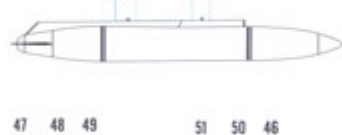

II F-105D 60-0521 457th TFS.

Color	Mr.Hobby	Vallejo	Model Master	Tamiya	Humbrol
H 白色 White Insignia	H 316 316	991	1745	X2	22
I 橄榄绿 Olive Drab	H 304 304	887	1711	XF62	155

NO.: 80332

Some paints may not be available in your country. Please check your local hobby shop for substitute.

Color	Mr.Hobby	Vallejo	Model Master	Tamiya	Humbrol
H 白色 White Insignia	H 316 316	991	1745	X2	22
I 橄榄绿 Olive Drab	H 304 304	887	1711	XF62	155

● ● ● ● ●

[REQUIRED ACTION] Output each record above exactly as it stands, excluding all pictures.

[WORKED SOLUTION]
II F-105D 60-0521 457th TFS.

Color	Mr.Hobby	Vallejo	Model Master	Tamiya	Humbrol
H 白色 White Insignia	H 316 316	991	1745	X2	22
I 橄榄绿 Olive Drab	H 304 304	887	1711	XF62	155

NO.: 80332

Some paints may not be available in your country. Please check your local hobby shop for substitute.

Color	Mr.Hobby	Vallejo	Model Master	Tamiya	Humbrol
H 白色 White Insignia	H 316 316	991	1745	X2	22
I 橄榄绿 Olive Drab	H 304 304	887	1711	XF62	155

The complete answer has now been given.